## THE TASK
Which lines of the records contain "South"? Collect every one of them.

┌──

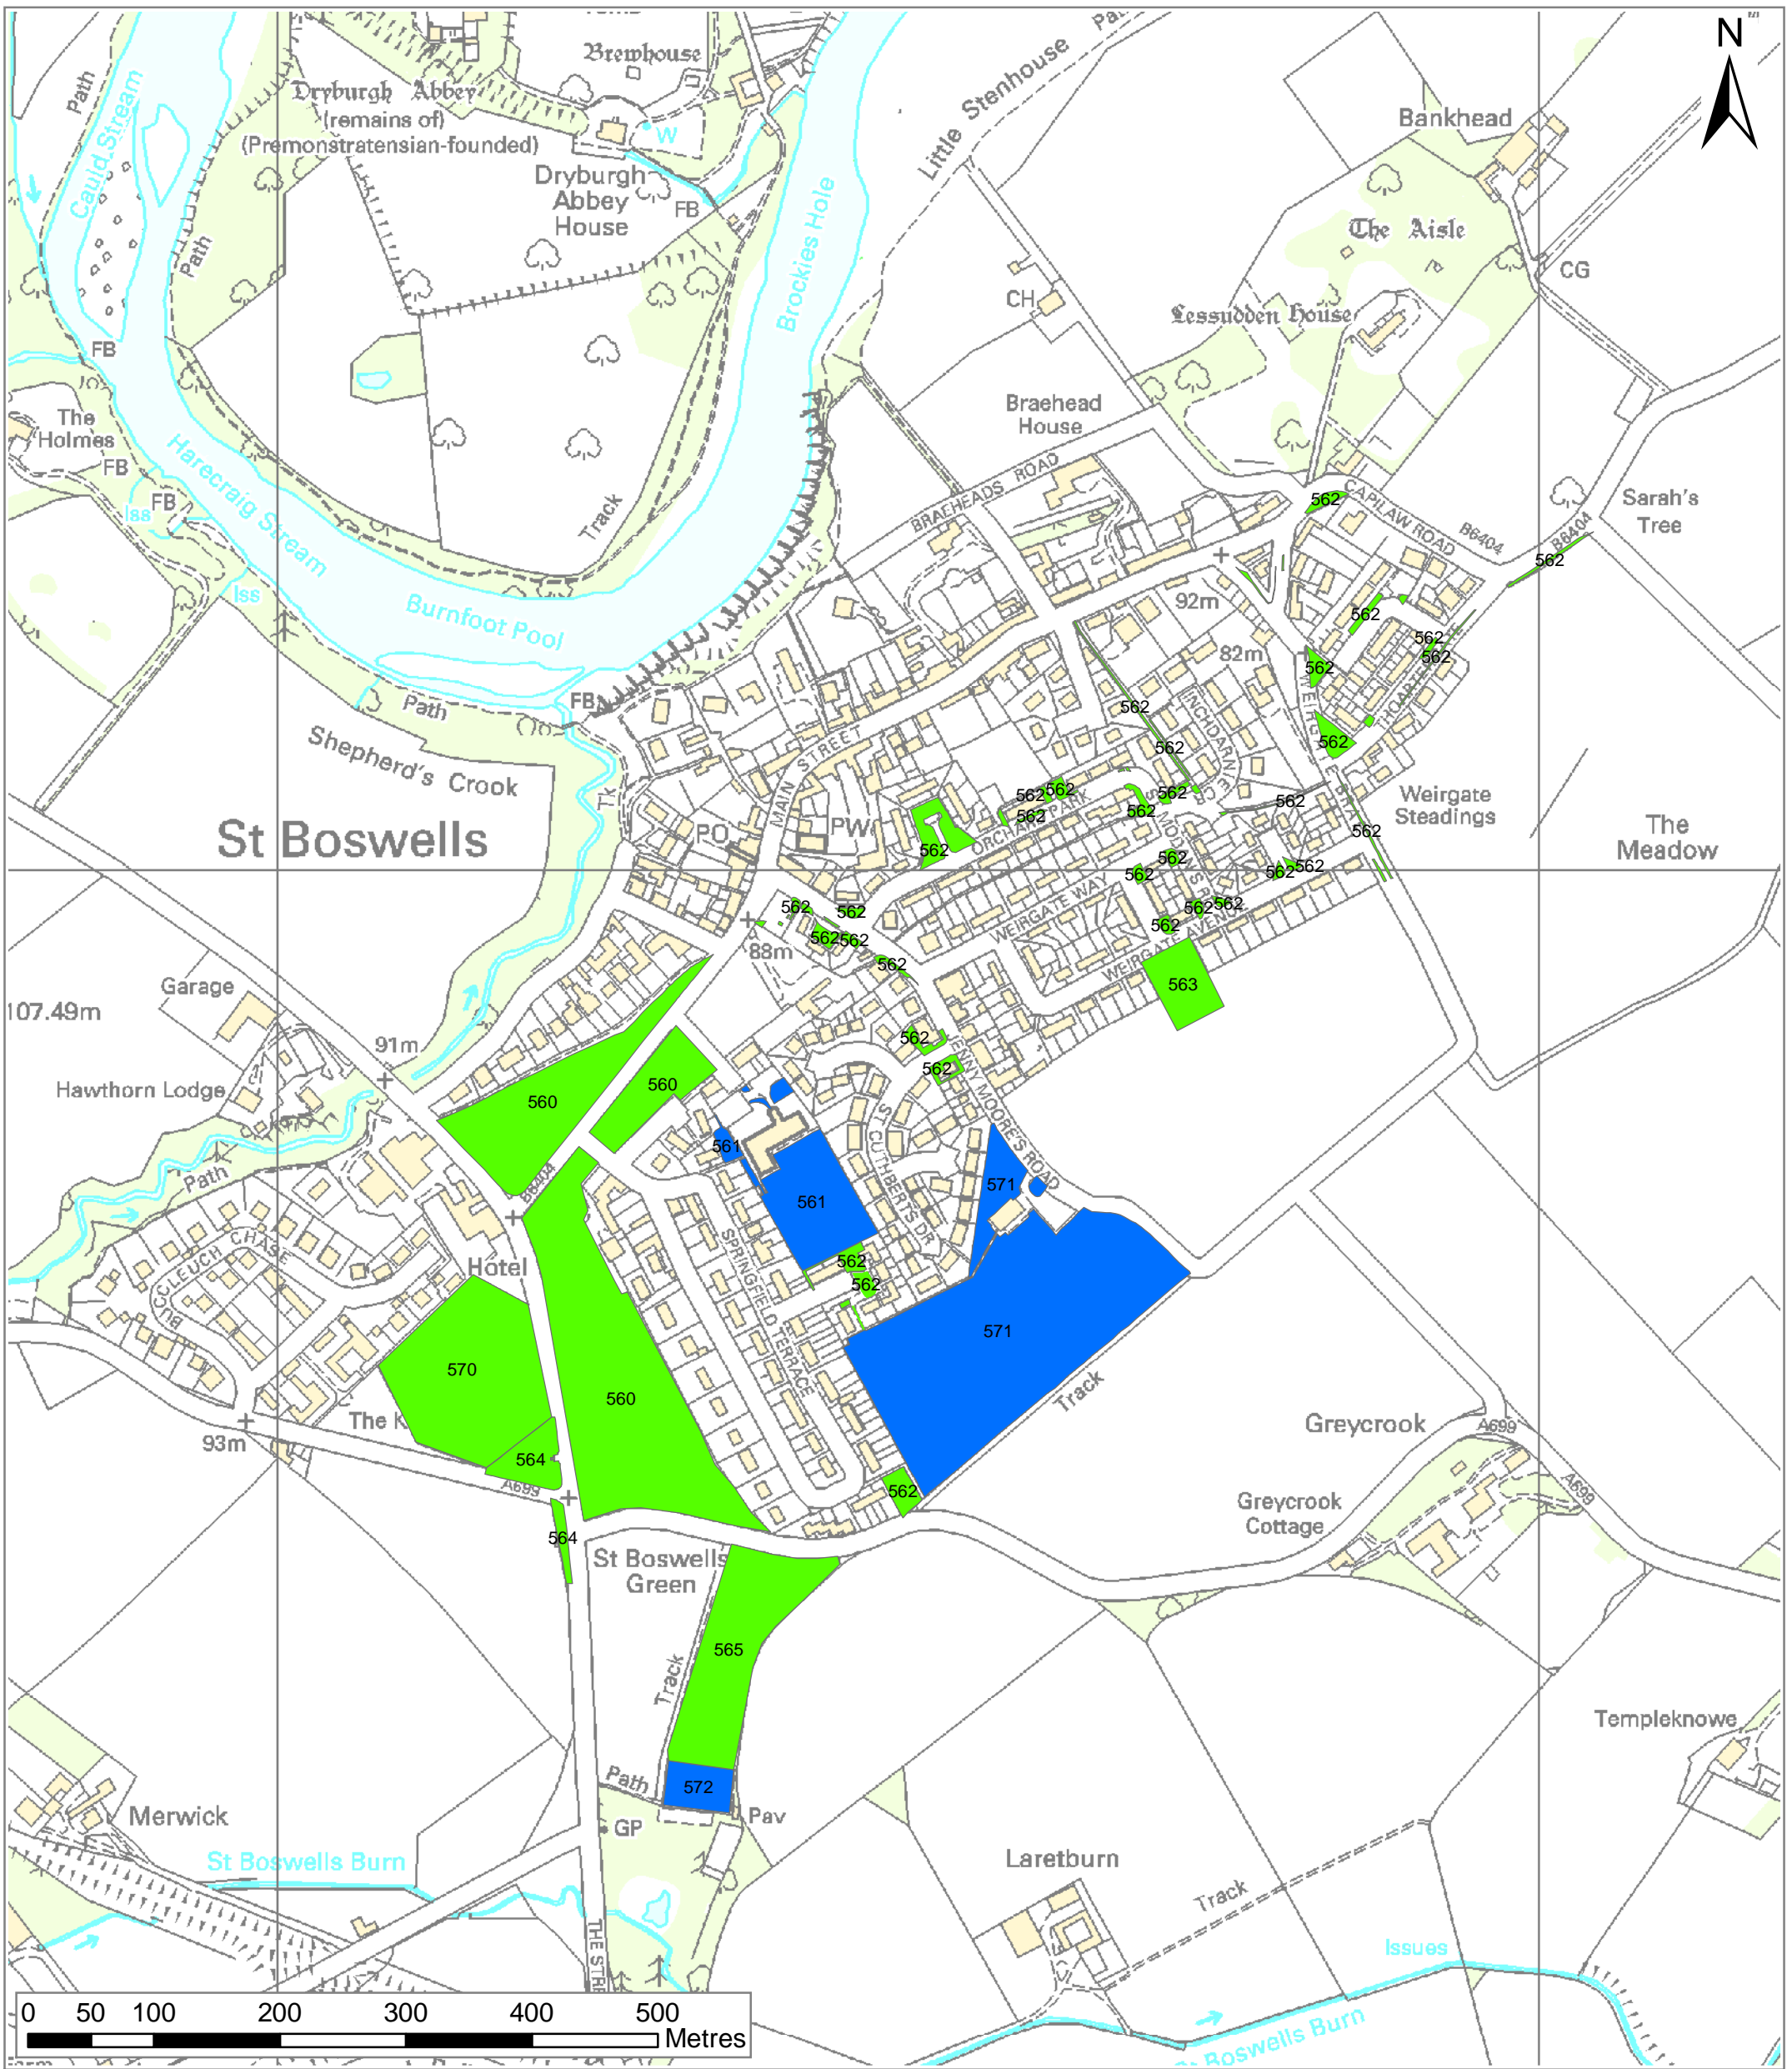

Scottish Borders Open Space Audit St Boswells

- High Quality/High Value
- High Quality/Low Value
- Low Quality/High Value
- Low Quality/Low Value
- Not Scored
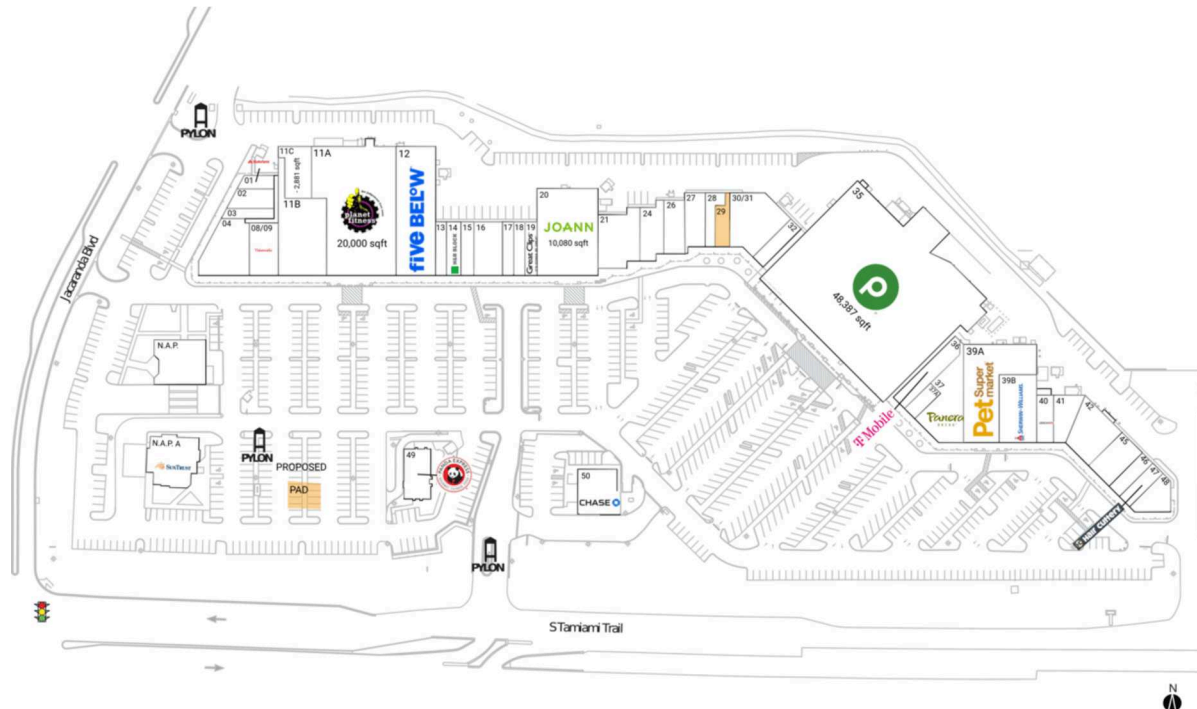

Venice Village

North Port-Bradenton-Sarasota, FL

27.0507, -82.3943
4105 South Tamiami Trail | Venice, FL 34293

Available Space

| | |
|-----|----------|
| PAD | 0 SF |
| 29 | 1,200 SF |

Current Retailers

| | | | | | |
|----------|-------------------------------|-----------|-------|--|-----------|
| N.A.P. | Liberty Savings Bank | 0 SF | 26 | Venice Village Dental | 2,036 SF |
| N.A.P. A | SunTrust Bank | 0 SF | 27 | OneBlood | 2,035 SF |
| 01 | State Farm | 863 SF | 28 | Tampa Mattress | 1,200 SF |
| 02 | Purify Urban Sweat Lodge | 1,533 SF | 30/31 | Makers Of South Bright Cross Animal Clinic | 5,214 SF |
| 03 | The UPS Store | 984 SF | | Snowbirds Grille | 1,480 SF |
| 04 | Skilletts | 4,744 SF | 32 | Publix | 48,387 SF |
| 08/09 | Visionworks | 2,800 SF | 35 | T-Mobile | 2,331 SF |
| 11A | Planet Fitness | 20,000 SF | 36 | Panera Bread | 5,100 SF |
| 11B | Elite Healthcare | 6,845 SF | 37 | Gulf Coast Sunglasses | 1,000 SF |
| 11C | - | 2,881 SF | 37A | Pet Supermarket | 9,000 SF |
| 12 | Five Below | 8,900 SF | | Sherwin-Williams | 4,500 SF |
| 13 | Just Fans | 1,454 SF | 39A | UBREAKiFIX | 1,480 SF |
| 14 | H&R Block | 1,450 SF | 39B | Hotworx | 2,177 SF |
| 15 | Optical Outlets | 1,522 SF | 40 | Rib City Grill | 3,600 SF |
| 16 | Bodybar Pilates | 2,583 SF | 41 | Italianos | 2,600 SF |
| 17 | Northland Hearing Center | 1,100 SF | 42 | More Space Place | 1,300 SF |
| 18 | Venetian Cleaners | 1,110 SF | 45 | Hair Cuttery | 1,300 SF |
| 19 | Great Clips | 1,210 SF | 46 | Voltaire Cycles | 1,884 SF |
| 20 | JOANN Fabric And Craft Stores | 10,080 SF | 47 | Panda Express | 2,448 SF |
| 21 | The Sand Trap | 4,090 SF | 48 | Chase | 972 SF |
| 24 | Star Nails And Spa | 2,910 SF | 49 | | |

└──
┌──

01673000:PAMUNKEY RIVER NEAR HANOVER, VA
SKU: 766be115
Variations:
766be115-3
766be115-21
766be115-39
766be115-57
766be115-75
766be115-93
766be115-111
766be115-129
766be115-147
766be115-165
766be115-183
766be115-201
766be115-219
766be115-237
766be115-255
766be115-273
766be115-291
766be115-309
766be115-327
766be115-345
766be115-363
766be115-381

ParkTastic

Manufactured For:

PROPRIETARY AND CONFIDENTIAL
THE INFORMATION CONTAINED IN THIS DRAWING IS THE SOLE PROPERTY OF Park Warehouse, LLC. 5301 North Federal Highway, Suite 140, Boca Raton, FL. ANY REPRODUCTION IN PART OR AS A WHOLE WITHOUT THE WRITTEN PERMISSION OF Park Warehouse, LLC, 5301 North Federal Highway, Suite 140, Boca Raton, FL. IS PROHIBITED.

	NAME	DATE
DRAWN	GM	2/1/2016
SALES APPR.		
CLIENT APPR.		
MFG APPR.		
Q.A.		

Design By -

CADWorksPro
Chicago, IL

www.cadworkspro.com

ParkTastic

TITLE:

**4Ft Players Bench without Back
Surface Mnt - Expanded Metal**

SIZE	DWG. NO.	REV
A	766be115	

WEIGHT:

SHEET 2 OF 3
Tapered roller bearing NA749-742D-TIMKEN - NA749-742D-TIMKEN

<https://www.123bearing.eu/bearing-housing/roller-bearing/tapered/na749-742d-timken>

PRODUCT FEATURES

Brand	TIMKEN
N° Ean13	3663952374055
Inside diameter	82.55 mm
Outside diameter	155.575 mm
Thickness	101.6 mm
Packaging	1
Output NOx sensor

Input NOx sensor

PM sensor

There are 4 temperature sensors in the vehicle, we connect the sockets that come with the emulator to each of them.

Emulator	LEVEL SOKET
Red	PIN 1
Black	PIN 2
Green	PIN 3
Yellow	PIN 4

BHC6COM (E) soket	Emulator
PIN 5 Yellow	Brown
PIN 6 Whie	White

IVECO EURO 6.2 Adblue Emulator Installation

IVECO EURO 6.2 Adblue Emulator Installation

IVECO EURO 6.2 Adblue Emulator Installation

└──

## OUTPUT OF THE EXERCISE
4105 South Tamiami Trail | Venice, FL 34293
| 02 | Purify Urban Sweat Lodge | 1,533 SF | 30/31 | Makers Of South Bright Cross Animal Clinic | 5,214 SF |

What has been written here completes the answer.